Leaving the pictures out, transcribe the records below exactly.
═══ DATA RECORDS
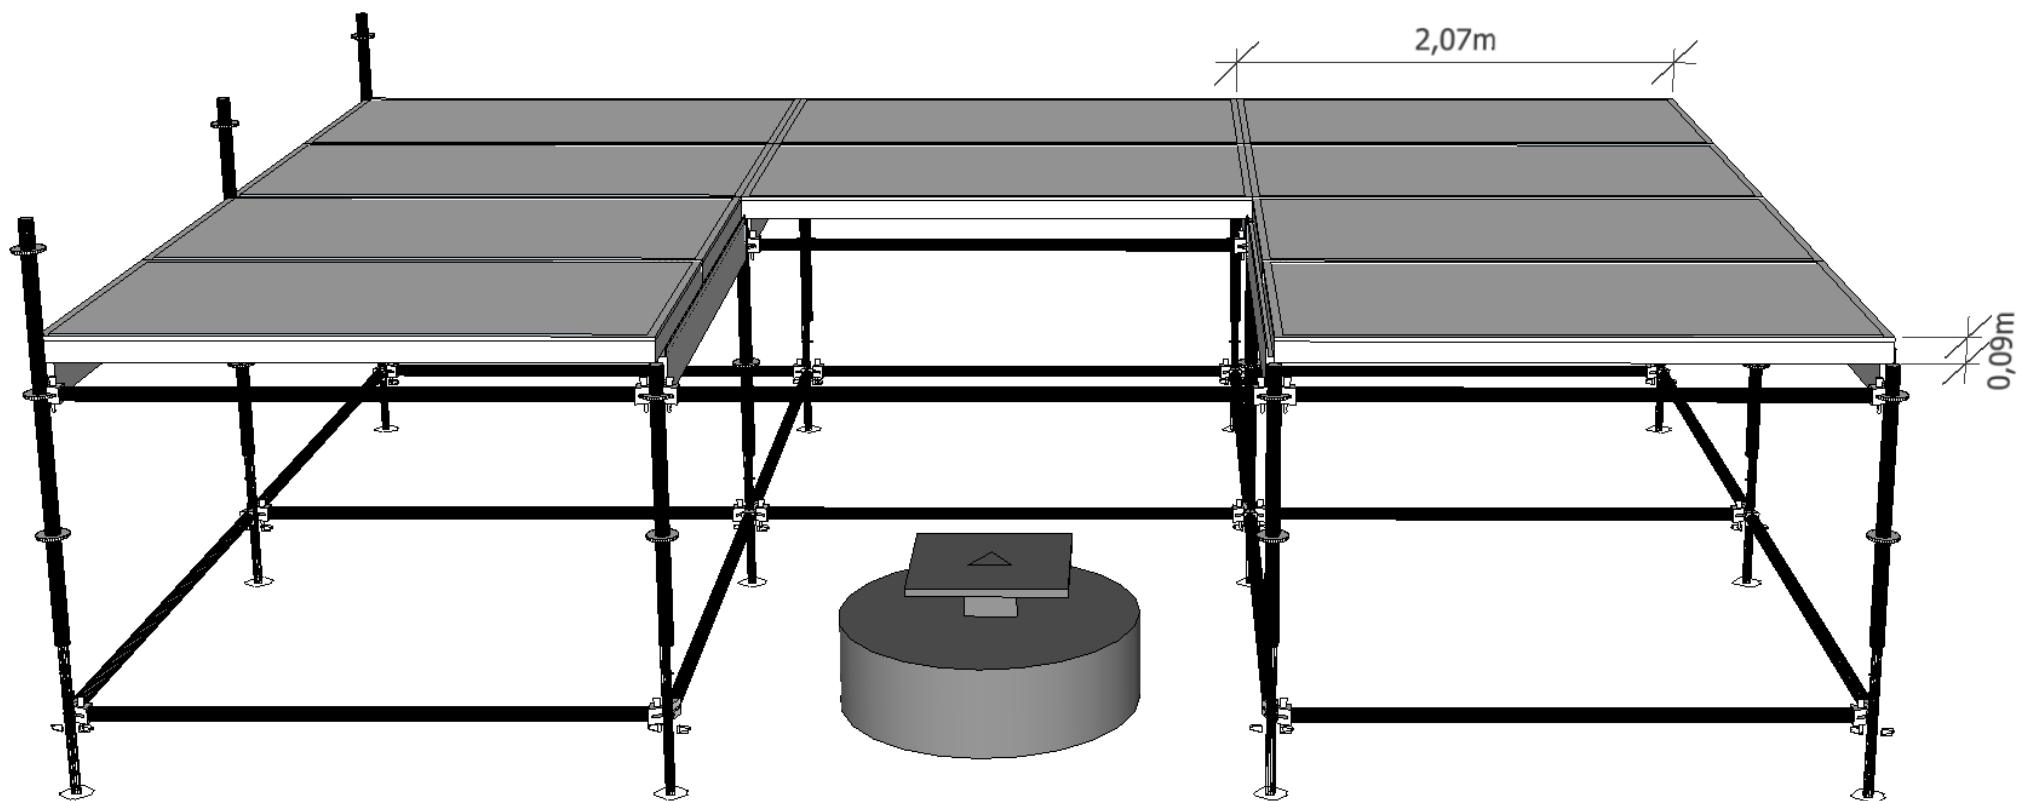

| RIBBON LIFT |

CORRETTA POSA E FUNZIONAMENTO

POSSIBILITA' DI UTILIZZARE LA RIBBON LIFT SEZA LO SCHIENALE PER PROPS, LUCI E MATERIALE DI SCENA

ATTENZIONE: NON SUPERARE I 180 KG

TekSet

via GIUSEPPE DI VITTORIO 9
20037 PADERNO DUGNANO (MI) ITALY
CONTACT US: (+39) 0291082905 - WWW. TEKSET.IT
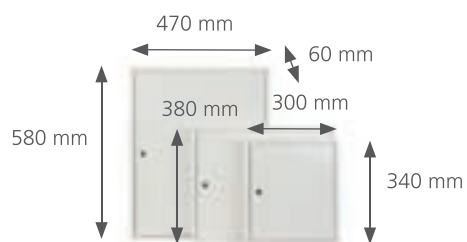

Szafa
VAS

Szafa
VAP

Szafa
pojedyncza

Szafa
pojedyncza
dzielona

Szafa
podwójna

Szafa
podwójna
dzielona

SZAFKI NA KLUCZE

MAŁA 24 KLUCZE 156

Wymiary: 300 mm (dł.) x 60 (szer.) x 340 (wys.)

ŚREDNIA 39 KLUCZY 157

Wymiary: 470 mm (dł.) x 60 (szer.) x 380 (wys.)

DUŻA 65 KLUCZY 158

Wymiary: 470 mm (dł.) x 60 (szer.) x 580 (wys.)

APTECZKA 159

SEJF MAŁY SP5 161
══════
> _THE COMPLETED TASK_:
| RIBBON LIFT |

CORRETTA POSA E FUNZIONAMENTO

POSSIBILITA' DI UTILIZZARE LA RIBBON LIFT SEZA LO SCHIENALE PER PROPS, LUCI E MATERIALE DI SCENA

ATTENZIONE: NON SUPERARE I 180 KG

TekSet

via GIUSEPPE DI VITTORIO 9
20037 PADERNO DUGNANO (MI) ITALY
CONTACT US: (+39) 0291082905 - WWW. TEKSET.IT

Szafa
VAS

Szafa
VAP

Szafa
pojedyncza

Szafa
pojedyncza
dzielona

Szafa
podwójna

Szafa
podwójna
dzielona

SZAFKI NA KLUCZE

MAŁA 24 KLUCZE 156

Wymiary: 300 mm (dł.) x 60 (szer.) x 340 (wys.)

ŚREDNIA 39 KLUCZY 157

Wymiary: 470 mm (dł.) x 60 (szer.) x 380 (wys.)

DUŻA 65 KLUCZY 158

Wymiary: 470 mm (dł.) x 60 (szer.) x 580 (wys.)

APTECZKA 159

SEJF MAŁY SP5 161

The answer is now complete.